REQUIREMENT => When you copy the material below, keep every line exact and leave each picture out.

··· LISTED RECORDS ···

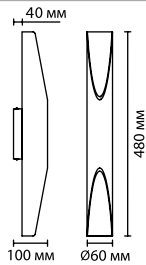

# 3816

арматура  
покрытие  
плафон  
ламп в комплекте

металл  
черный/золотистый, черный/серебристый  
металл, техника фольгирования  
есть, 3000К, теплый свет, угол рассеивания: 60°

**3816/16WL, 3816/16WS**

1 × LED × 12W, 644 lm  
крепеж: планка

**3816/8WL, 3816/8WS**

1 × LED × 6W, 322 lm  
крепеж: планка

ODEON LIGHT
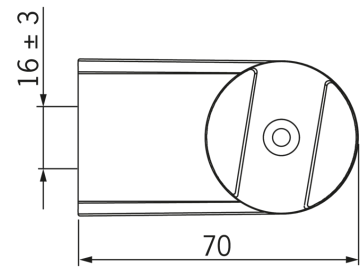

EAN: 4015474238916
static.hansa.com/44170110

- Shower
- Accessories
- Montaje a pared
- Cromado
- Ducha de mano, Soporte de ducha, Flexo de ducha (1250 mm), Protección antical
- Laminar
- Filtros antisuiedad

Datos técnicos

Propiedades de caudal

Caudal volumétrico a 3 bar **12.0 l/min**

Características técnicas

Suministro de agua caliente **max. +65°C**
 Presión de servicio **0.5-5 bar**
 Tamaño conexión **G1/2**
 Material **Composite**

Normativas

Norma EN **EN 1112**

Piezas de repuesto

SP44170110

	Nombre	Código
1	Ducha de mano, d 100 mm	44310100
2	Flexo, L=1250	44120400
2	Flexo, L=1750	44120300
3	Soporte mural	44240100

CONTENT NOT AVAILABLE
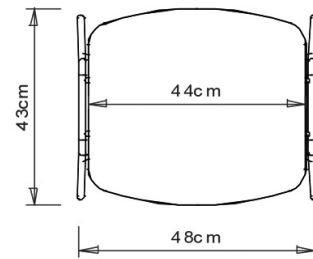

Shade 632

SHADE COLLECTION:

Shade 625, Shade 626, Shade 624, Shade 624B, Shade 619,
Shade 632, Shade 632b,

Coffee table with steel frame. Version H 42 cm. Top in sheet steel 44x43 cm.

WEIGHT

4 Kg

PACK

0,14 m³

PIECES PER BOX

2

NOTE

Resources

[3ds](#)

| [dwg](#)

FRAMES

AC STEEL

···

RESPONSE TO THIS TASK =>
# 3816

арматура  
покрытие  
плафон  
ламп в комплекте

металл  
черный/золотистый, черный/серебристый  
металл, техника фольгирования  
есть, 3000К, теплый свет, угол рассеивания: 60°

**3816/16WL, 3816/16WS**

1 × LED × 12W, 644 lm  
крепеж: планка

**3816/8WL, 3816/8WS**

1 × LED × 6W, 322 lm  
крепеж: планка

ODEON LIGHT

EAN: 4015474238916
static.hansa.com/44170110

- Shower
- Accessories
- Montaje a pared
- Cromado
- Ducha de mano, Soporte de ducha, Flexo de ducha (1250 mm), Protección antical
- Laminar
- Filtros antisuiedad

Datos técnicos

Propiedades de caudal

Caudal volumétrico a 3 bar **12.0 l/min**

Características técnicas

Suministro de agua caliente **max. +65°C**
 Presión de servicio **0.5-5 bar**
 Tamaño conexión **G1/2**
 Material **Composite**

Normativas

Norma EN **EN 1112**

Piezas de repuesto

SP44170110

	Nombre	Código
1	Ducha de mano, d 100 mm	44310100
2	Flexo, L=1250	44120400
2	Flexo, L=1750	44120300
3	Soporte mural	44240100

CONTENT NOT AVAILABLE

Shade 632

SHADE COLLECTION:

Shade 625, Shade 626, Shade 624, Shade 624B, Shade 619,
Shade 632, Shade 632b,

Coffee table with steel frame. Version H 42 cm. Top in sheet steel 44x43 cm.

WEIGHT

4 Kg

PACK

0,14 m³

PIECES PER BOX

2

NOTE

Resources

[3ds](#)

| [dwg](#)

FRAMES

AC STEEL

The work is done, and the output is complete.